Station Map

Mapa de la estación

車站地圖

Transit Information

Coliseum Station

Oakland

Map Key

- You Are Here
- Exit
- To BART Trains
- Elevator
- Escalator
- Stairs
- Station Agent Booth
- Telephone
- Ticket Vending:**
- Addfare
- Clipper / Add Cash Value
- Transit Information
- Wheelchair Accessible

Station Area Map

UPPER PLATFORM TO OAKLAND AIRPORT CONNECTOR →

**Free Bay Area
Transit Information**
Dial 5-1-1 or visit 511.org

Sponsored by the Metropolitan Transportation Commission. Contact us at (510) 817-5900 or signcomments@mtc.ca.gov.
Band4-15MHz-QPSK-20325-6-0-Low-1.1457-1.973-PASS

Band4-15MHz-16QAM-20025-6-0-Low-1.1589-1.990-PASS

---

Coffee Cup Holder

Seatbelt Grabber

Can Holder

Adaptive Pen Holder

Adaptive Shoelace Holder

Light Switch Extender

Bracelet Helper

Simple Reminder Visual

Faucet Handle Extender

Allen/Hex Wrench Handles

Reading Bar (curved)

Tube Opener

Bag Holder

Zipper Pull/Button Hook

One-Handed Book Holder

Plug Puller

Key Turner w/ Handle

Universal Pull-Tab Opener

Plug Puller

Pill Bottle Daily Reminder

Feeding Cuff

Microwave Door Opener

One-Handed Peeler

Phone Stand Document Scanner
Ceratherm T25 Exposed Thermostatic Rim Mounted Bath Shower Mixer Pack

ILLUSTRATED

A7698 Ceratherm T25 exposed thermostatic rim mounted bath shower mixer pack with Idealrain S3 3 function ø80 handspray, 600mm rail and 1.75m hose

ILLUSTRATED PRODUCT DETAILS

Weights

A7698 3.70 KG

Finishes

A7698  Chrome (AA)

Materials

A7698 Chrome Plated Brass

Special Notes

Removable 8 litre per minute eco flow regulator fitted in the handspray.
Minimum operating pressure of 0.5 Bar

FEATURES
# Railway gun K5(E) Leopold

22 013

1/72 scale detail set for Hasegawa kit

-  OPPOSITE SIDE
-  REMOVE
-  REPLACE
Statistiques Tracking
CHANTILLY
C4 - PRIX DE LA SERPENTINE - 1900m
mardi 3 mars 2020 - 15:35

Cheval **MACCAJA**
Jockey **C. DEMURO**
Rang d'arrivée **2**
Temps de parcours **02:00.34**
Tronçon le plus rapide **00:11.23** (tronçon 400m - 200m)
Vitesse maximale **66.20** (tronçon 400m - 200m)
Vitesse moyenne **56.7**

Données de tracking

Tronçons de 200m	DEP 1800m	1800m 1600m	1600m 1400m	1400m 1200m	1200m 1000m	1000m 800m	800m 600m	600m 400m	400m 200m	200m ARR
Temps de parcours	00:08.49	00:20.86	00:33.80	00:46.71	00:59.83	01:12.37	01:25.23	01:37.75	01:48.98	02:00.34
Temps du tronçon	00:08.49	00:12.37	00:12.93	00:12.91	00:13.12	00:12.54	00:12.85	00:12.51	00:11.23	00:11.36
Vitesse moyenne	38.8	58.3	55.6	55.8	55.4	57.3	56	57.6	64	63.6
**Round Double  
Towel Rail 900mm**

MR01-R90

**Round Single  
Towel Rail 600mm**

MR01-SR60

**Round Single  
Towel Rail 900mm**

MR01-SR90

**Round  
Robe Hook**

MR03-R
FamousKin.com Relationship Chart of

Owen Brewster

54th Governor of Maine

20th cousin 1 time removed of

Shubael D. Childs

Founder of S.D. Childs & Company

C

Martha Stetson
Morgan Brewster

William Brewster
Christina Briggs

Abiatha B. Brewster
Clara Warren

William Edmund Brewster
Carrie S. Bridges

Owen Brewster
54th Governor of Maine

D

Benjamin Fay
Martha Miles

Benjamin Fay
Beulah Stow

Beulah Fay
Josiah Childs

* What you should do
Copy out only the lines above from the one with "Allen/Hex Wrench Handles" to the one with "Phone Stand Document Scanner", inclusive, exactly as they stand.

* Finished exercise
Allen/Hex Wrench Handles

Reading Bar (curved)

Tube Opener

Bag Holder

Zipper Pull/Button Hook

One-Handed Book Holder

Plug Puller

Key Turner w/ Handle

Universal Pull-Tab Opener

Plug Puller

Pill Bottle Daily Reminder

Feeding Cuff

Microwave Door Opener

One-Handed Peeler

Phone Stand Document Scanner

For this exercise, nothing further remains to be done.